§ **AIM OF THE TASK**: Copy exactly the lines from the first line of the records below through the line containing "Frecuencia: ..... 50; 60 Hz", including both, and nothing else.

§ **DATA FOR THIS TASK**:
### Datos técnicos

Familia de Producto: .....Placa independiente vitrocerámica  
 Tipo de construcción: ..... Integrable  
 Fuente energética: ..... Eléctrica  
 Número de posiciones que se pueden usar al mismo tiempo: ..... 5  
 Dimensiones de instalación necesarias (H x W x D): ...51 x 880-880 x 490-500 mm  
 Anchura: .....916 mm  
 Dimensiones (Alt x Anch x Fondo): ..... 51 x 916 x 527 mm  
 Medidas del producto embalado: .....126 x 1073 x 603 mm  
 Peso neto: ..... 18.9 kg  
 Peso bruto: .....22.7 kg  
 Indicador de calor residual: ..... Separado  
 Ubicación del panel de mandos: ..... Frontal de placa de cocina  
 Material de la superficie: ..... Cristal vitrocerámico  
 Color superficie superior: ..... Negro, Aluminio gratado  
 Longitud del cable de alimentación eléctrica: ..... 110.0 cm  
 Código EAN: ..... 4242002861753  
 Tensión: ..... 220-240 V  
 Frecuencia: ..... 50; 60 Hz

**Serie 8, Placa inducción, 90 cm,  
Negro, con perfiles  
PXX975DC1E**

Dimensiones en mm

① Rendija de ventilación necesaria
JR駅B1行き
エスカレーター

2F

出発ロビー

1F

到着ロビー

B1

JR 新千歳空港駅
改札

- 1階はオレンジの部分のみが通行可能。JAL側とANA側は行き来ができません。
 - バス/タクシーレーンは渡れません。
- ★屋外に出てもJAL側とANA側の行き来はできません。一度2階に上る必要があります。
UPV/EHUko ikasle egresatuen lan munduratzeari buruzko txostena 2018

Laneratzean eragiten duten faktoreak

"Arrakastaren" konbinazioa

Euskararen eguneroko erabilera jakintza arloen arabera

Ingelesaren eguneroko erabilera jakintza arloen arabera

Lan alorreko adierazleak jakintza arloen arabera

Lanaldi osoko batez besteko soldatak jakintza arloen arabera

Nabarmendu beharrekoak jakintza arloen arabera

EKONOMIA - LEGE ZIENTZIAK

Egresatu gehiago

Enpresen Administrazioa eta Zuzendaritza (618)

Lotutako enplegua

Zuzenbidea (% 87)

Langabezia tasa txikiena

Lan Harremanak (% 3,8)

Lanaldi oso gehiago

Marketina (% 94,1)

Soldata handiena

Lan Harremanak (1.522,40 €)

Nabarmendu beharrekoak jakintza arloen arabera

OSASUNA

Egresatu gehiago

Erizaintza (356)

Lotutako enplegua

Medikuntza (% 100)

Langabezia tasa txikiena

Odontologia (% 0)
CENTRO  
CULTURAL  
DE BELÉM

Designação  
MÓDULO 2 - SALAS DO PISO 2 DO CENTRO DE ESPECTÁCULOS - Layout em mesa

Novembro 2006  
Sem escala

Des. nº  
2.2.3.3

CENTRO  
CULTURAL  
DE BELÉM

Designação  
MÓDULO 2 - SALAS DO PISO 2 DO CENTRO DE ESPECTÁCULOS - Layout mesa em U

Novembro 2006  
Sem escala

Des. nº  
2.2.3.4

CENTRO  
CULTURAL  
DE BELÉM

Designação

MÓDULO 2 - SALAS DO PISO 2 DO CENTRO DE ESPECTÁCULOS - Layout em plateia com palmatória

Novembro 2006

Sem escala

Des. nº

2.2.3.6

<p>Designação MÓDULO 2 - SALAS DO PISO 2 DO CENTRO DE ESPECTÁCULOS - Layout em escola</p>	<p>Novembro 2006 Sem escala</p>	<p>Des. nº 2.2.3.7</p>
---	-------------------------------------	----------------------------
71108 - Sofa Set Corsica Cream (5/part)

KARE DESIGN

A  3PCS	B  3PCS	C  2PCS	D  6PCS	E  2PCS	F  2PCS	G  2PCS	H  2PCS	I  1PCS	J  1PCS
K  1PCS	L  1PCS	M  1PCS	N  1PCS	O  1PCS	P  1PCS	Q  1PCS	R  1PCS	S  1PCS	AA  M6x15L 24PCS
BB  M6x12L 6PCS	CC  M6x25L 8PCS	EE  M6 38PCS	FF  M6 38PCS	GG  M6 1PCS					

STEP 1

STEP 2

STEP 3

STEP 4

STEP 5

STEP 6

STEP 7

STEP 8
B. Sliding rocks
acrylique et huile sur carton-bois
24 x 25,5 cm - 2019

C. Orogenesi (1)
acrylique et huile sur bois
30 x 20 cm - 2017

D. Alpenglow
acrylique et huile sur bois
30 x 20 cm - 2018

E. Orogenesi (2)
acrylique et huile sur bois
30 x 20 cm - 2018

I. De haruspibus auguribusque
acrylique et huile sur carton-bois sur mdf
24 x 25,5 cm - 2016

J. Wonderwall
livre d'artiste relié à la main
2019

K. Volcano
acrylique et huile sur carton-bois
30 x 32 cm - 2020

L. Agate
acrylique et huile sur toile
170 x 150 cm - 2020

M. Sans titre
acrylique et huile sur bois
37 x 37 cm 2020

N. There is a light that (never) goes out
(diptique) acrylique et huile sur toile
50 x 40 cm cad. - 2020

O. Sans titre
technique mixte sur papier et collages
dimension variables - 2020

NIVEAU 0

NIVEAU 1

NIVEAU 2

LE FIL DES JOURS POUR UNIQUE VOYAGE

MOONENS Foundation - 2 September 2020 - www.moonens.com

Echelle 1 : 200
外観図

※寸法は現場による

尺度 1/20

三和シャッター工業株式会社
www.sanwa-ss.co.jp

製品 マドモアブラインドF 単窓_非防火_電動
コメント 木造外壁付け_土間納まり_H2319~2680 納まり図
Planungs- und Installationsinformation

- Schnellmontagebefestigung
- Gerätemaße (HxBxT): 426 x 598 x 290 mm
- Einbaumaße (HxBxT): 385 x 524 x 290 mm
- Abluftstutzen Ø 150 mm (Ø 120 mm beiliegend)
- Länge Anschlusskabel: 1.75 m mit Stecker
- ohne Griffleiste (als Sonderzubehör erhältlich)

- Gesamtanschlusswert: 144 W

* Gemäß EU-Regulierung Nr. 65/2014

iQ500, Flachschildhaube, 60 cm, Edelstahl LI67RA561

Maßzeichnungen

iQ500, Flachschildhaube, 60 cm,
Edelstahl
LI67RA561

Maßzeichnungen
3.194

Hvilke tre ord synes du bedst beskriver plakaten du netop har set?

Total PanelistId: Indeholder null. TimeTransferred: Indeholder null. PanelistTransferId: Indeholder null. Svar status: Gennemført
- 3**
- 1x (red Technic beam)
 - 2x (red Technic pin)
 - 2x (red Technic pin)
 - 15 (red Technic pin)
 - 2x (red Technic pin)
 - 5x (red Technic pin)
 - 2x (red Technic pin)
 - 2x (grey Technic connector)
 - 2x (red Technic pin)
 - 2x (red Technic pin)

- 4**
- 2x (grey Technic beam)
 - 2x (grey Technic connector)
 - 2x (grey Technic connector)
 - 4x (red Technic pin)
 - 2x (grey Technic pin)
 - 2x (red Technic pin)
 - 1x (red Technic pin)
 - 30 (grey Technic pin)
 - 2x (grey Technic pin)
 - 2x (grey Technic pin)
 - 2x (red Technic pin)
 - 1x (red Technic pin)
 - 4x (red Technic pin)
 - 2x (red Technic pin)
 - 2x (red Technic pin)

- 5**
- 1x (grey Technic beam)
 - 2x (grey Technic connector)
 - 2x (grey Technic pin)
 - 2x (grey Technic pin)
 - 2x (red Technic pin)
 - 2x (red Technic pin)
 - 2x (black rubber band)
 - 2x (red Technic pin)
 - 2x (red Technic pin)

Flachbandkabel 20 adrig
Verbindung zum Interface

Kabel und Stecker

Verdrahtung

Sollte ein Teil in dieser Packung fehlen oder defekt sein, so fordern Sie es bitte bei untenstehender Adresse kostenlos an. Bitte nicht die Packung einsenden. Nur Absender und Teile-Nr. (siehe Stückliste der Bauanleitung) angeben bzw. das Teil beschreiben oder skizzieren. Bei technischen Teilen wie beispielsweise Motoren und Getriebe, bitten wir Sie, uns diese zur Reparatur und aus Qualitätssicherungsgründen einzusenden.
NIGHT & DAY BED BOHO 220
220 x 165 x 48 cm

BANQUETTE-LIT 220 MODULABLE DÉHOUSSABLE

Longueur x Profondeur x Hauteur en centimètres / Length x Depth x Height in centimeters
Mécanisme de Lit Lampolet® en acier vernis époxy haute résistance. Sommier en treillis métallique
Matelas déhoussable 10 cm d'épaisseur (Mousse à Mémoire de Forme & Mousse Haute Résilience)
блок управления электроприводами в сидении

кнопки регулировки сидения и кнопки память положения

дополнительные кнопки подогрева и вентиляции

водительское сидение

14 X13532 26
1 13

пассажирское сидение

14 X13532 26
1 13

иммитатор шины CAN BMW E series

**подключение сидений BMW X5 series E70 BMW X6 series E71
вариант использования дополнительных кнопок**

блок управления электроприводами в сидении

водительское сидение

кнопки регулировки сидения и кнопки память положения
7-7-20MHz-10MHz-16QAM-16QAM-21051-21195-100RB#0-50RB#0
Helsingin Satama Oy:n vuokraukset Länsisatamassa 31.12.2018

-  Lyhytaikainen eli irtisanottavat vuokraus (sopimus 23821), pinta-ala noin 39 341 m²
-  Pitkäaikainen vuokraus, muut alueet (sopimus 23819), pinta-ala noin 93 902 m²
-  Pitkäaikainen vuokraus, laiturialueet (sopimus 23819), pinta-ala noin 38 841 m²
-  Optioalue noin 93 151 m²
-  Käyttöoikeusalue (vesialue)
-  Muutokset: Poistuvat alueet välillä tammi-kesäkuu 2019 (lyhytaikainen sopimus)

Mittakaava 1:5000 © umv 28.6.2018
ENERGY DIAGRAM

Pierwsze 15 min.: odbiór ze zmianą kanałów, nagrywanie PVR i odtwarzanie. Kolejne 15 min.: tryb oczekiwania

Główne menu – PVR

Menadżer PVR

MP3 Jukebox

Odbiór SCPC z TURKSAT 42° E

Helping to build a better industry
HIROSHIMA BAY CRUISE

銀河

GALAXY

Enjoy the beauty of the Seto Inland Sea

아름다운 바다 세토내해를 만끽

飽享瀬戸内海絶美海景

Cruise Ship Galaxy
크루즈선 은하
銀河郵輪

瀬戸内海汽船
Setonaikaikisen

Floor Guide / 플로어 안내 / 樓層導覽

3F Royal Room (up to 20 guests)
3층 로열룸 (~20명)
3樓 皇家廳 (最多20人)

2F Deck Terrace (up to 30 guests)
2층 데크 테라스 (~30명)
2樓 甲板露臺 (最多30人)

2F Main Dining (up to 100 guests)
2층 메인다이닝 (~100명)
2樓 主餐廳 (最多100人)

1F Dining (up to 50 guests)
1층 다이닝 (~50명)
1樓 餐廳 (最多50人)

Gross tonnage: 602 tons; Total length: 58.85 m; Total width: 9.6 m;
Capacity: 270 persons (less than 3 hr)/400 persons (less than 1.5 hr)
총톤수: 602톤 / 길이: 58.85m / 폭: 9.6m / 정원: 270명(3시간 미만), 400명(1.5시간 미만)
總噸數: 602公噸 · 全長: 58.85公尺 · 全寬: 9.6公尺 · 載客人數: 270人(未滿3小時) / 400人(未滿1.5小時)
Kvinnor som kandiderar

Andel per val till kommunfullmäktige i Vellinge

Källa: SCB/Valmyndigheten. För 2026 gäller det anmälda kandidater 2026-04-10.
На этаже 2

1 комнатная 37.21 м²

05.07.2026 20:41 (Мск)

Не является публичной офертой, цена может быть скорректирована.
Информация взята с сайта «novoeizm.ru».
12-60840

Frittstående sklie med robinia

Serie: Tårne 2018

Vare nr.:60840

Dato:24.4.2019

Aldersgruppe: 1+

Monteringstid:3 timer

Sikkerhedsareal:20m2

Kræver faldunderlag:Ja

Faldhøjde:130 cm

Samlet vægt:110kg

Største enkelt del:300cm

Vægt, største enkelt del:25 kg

§ **OUTPUT OF THE EXERCISE**:
### Datos técnicos

Familia de Producto: .....Placa independiente vitrocerámica  
 Tipo de construcción: ..... Integrable  
 Fuente energética: ..... Eléctrica  
 Número de posiciones que se pueden usar al mismo tiempo: ..... 5  
 Dimensiones de instalación necesarias (H x W x D): ...51 x 880-880 x 490-500 mm  
 Anchura: .....916 mm  
 Dimensiones (Alt x Anch x Fondo): ..... 51 x 916 x 527 mm  
 Medidas del producto embalado: .....126 x 1073 x 603 mm  
 Peso neto: ..... 18.9 kg  
 Peso bruto: .....22.7 kg  
 Indicador de calor residual: ..... Separado  
 Ubicación del panel de mandos: ..... Frontal de placa de cocina  
 Material de la superficie: ..... Cristal vitrocerámico  
 Color superficie superior: ..... Negro, Aluminio gratado  
 Longitud del cable de alimentación eléctrica: ..... 110.0 cm  
 Código EAN: ..... 4242002861753  
 Tensión: ..... 220-240 V  
 Frecuencia: ..... 50; 60 Hz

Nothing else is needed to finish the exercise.